Topological holography for fermions

TL;DR

This paper extends topological holography to fermionic systems, providing a unified framework to classify, analyze, and discover new fermionic topological phases and critical points using symmetry topological field theories.

Contribution

It introduces a fermionic SymTFT framework that captures known properties of fermionic SPT phases and enables the discovery of new fermionic gapless phases with emergent anomalies.

Findings

Classified 1+1D fermionic gapped phases and critical points.

Reproduced properties of fermionic SPT phases, including edge modes and stacking rules.

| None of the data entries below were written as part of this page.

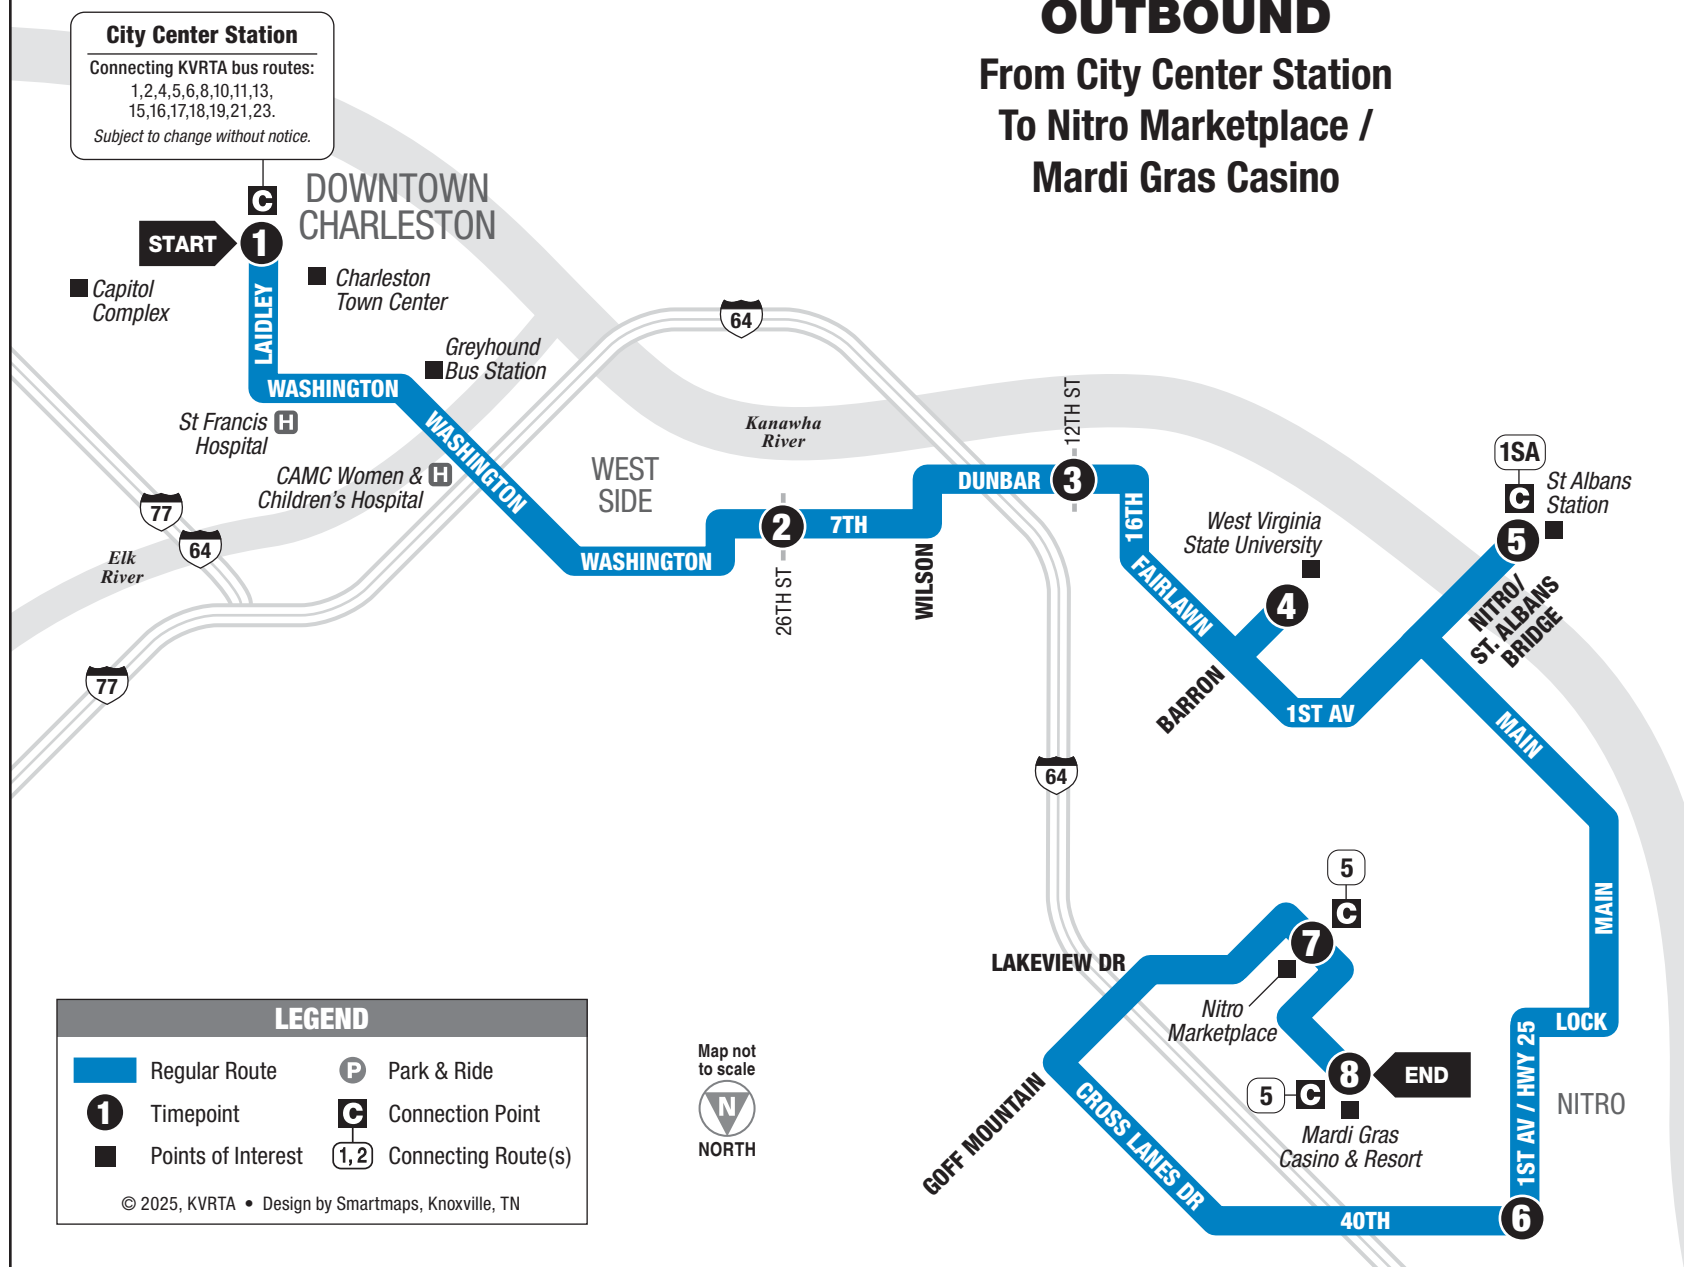

ROUTE 3N

NITRO

OUTBOUND From City Center Station To Nitro Marketplace / Mardi Gras Casino

MONDAY – FRIDAY • OUTBOUND FROM DOWNTOWN TO NITRO / MARDI GRAS CASINO

	1 City Center Station	2 7th Ave and 26th St	3 12th St and Dunbar Ave	4 WV State University	5 St Albans Station	6 40th St and Route 25	7 Nitro Marketplace	8 Mardi Gras Casino & Resort	See other side for trips TO Downtown Charleston
AM	4:15	4:25	4:40	4:50	5:05	5:20	5:30	5:35	
	5:15	5:25	5:40	5:50	6:05	6:20	6:30	6:35	
	6:15	6:25	6:40	6:50	7:05	7:20	7:30	7:35	
	7:15	7:25	7:40	7:50	8:05	8:20	8:30	8:35	
	8:15	8:25	8:40	8:50	9:05	9:20	9:30	9:35	
	9:15	9:25	9:40	9:50	10:05	10:20	10:30	10:35	
	10:15	10:25	10:40	10:50	11:05	11:20	11:30	11:35	
	11:15	11:25	11:40	11:50	12:05	12:20	12:30	12:35	
PM	12:15	12:25	12:40	12:50	1:05	1:20	1:30	1:35	
	1:15	1:25	1:40	1:50	2:05	2:20	2:30	2:35	
	2:15	2:25	2:40	2:50	3:05	3:20	3:30	3:35	
	3:15	3:25	3:40	3:50	4:05	4:20	4:30	4:35	
	4:15	4:25	4:40	4:50	5:05	5:20	5:30	5:35	
	5:15	5:25	5:40	5:50	6:05	6:20	6:30	6:35	
	6:15	6:25	6:40	6:50	7:05	7:20	7:30	7:35	
	7:15	7:25	7:40	7:50	8:05	8:20	8:30	8:35	
	9:00	9:10	9:25	9:35	9:50	10:05	10:15	10:20	
	11:00	11:10	11:25	11:35	11:50	12:05	12:15	12:20	

SATURDAY • OUTBOUND FROM DOWNTOWN TO NITRO / MARDI GRAS CASINO

	1 City Center Station	2 7th Ave and 26th St	3 12th St and Dunbar Ave	4 WV State University	5 St Albans Station	6 40th St and Route 25	7 Nitro Marketplace	8 Mardi Gras Casino & Resort	See other side for trips TO Downtown Charleston
AM	4:15	4:25	4:32	4:44	4:54	5:09	5:20	5:24	
	5:15	5:25	5:32	5:44	5:54	6:09	6:20	6:24	
	6:15	6:25	6:32	6:44	6:54	7:09	7:20	7:24	
	7:15	7:25	7:32	7:44	7:54	8:09	8:20	8:24	
	8:15	8:25	8:32	8:44	8:54	9:09	9:20	9:24	
	9:15	9:25	9:32	9:44	9:54	10:09	10:20	10:24	
	10:15	10:25	10:32	10:44	10:54	11:09	11:20	11:24	
	11:15	11:25	11:32	11:44	11:54	12:09	12:20	12:24	
PM	12:15	12:25	12:32	12:44	12:54	1:09	1:20	1:24	
	1:15	1:25	1:32	1:44	1:54	2:09	2:20	2:24	
	2:15	2:25	2:32	2:44	2:54	3:09	3:20	3:24	
	3:15	3:25	3:32	3:44	3:54	4:09	4:20	4:24	
	4:15	4:25	4:32	4:44	4:54	5:09	5:20	5:24	
	5:15	5:25	5:32	5:44	5:54	6:09	6:20	6:24	
	6:15	6:25	6:32	6:44	6:54	7:09	7:20	7:24	
	7:15	7:25	7:32	7:44	7:54	8:09	8:20	8:24	
	9:00	9:10	9:17	9:29	9:39	9:54	10:05	10:09	
	11:00	11:10	11:17	11:29	11:39	11:54	12:05	12:09	

HOLIDAY • OUTBOUND FROM DOWNTOWN TO NITRO / MARDI GRAS CASINO

	1 City Center Station	2 7th Ave and 26th St	3 12th St and Dunbar Ave	4 WV State University	5 St Albans Station	6 40th St and Route 25	7 Nitro Marketplace	8 Mardi Gras Casino & Resort	See other side for trips TO Downtown Charleston
AM	5:00	5:10	5:16	5:21	5:31	5:40	5:49	5:52	
	7:00	7:10	7:16	7:21	7:31	7:40	7:49	7:52	
	9:00	9:10	9:16	9:21	9:31	9:40	9:49	9:52	
	11:00	11:10	11:16	11:21	11:31	11:40	11:49	11:52	
PM	1:00	1:10	1:16	1:21	1:31	1:40	1:49	1:52	
	3:00	3:10	3:16	3:21	3:31	3:40	3:49	3:52	
	5:00	5:10	5:16	5:21	5:31	5:40	5:49	5:52	
	7:00	7:10	7:16	7:21	7:31	7:40	7:49	7:52	
	9:00	9:10	9:16	9:21	9:31	9:40	9:49	9:52	
	11:00	11:10	11:16	11:21	11:31	11:40	11:49	11:52	

Please have your fare ready before boarding the bus.
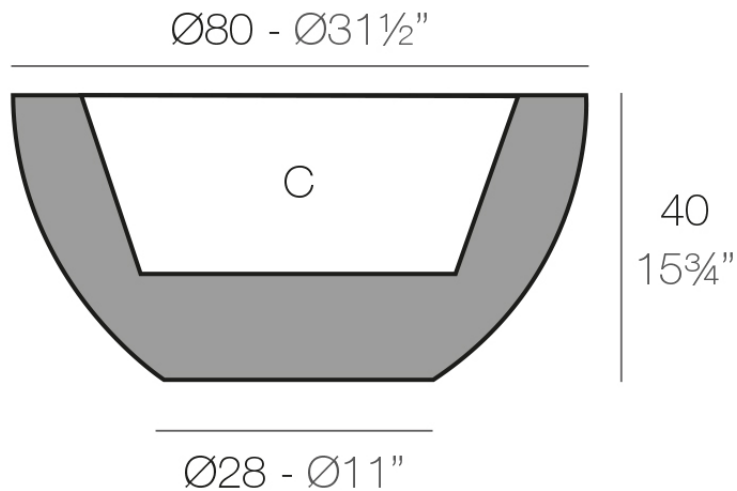

Info

Description

Pot made of polyethylene resin by rotational moulding. 100% Recyclable. Item suitable for indoor and outdoor use. Available in different finishes.

Weight: 4 Kg

SFERA $\text{Ø}60$ cm

C = 23 L

SFERA $\text{Ø}23\frac{1}{2}"$

C = 6 gal

Sfera ø80x40

The most extensive collection of indoor and outdoor planters .Timeless and minimalist designs that allow you to create unique and original atmospheres for homes, restaurants and any space.

Info

Description

Pot made of polyethylene resin by rotational moulding. 100% Recyclable. Item suitable for indoor and outdoor use. Available in different finishes.

Weight: 8.5 Kg

SFERA Ø80 cm	C = 58 L
SFERA Ø31½"	C = 15¼ gal
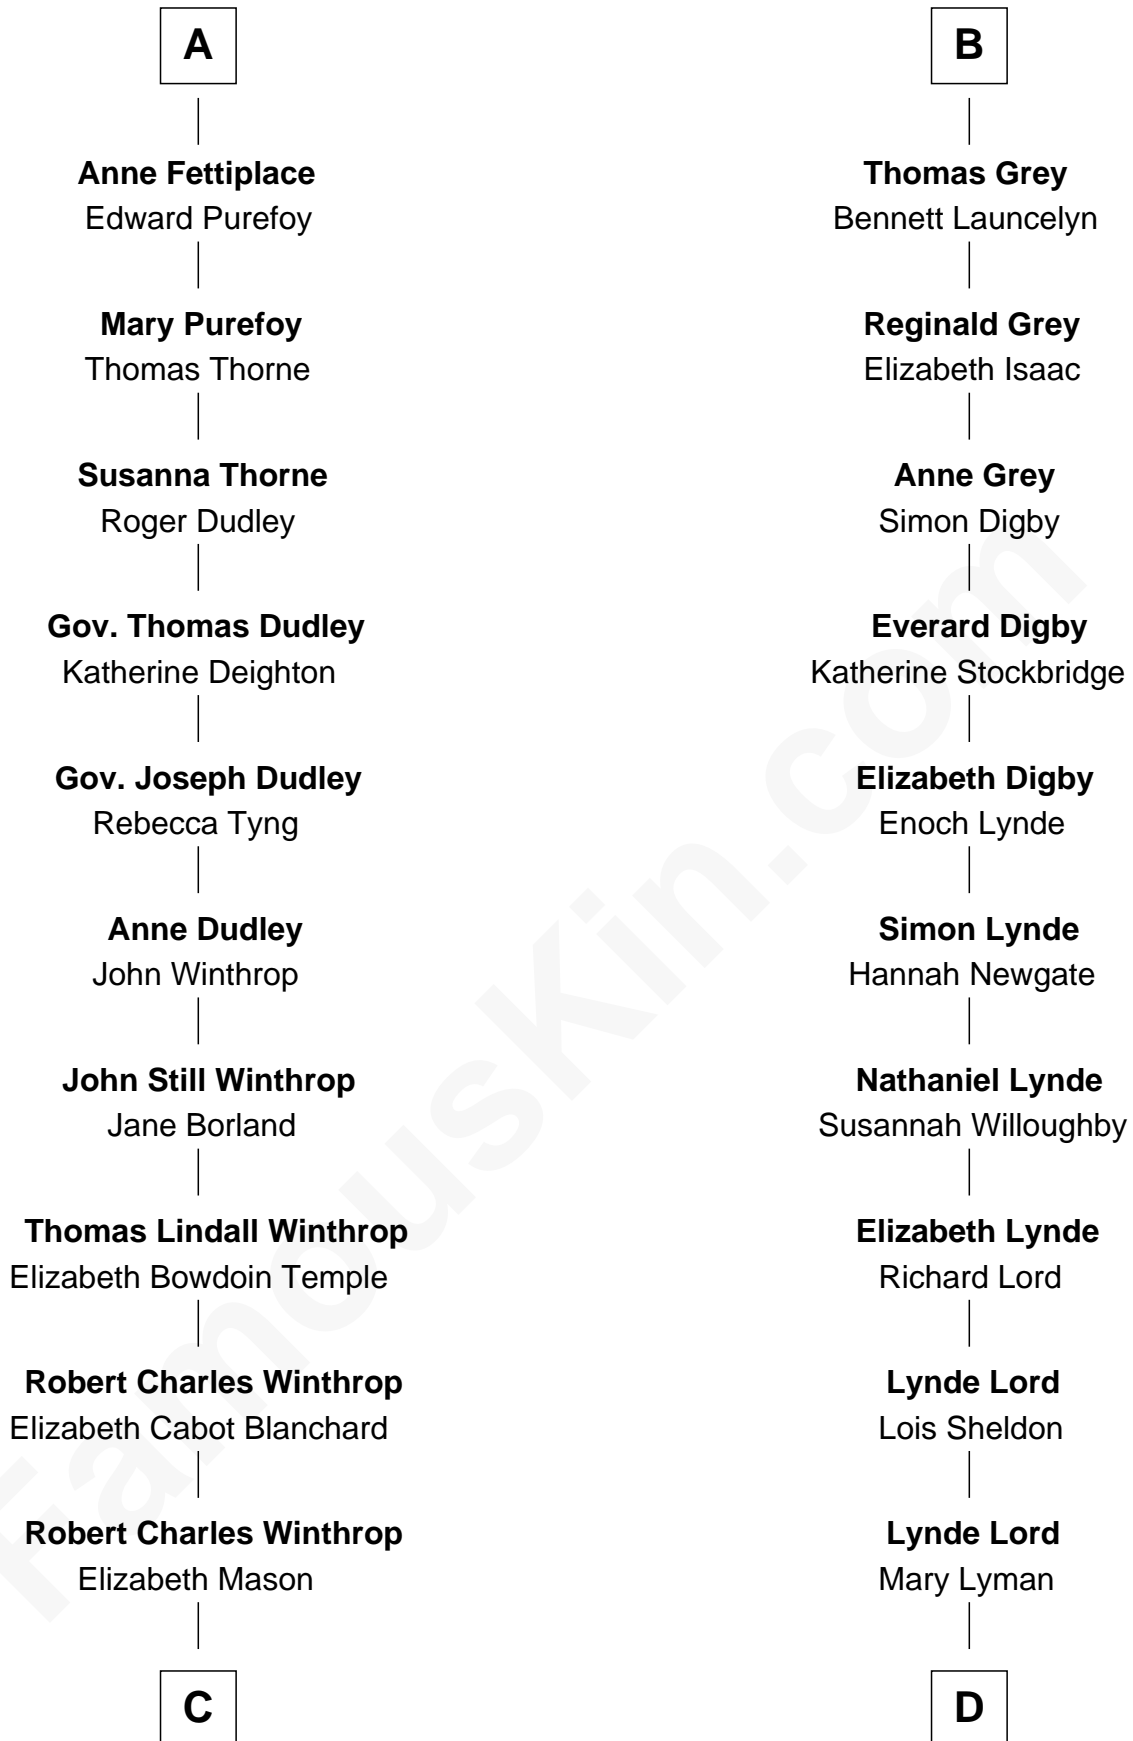

## Relationship Chart of

### John Kerry

68th U.S. Secretary of State

19th cousin 2 times removed of

### Henry Sturgis Morgan

Co-Founder of Morgan Stanley

**C**

**Margaret Tyndal Winthrop**

James Grant Forbes

**Rosemary Isabel Forbes**

Richard John Kerry

**John Kerry**

Constructed a new intrinsically gapless fermionic SPT phase with emergent fermionic anomaly.

Abstract

Topological holography is a conjectured correspondence between the symmetry charges and defects of a $D$-dimensional system with the anyons in a $(D+1)$-dimensional topological order: the symmetry topological field theory (SymTFT). Topological holography is conjectured to capture the topological aspects of symmetry in gapped and gapless systems, with different phases corresponding to different gapped boundaries (anyon condensations) of the SymTFT. This correspondence was previously considered primarily for bosonic systems, excluding many phases of condensed matter systems involving fermionic electrons. In this work, we extend the SymTFT framework to establish a topological holography correspondence for fermionic systems. We demonstrate that this fermionic SymTFT framework captures the known properties of $1+1D$ fermion gapped phases and critical points, including the classification, edge-modes, and stacking rules of fermionic symmetry-protected topological phases (SPTs), and computation of partition functions of fermionic conformal field theories (CFTs). Beyond merely reproducing known properties, we show that the SymTFT approach can additionally serve as a practical tool for discovering new physics, and use this framework to construct a new example of a fermionic intrinsically gapless SPT phase characterized by an emergent fermionic anomaly.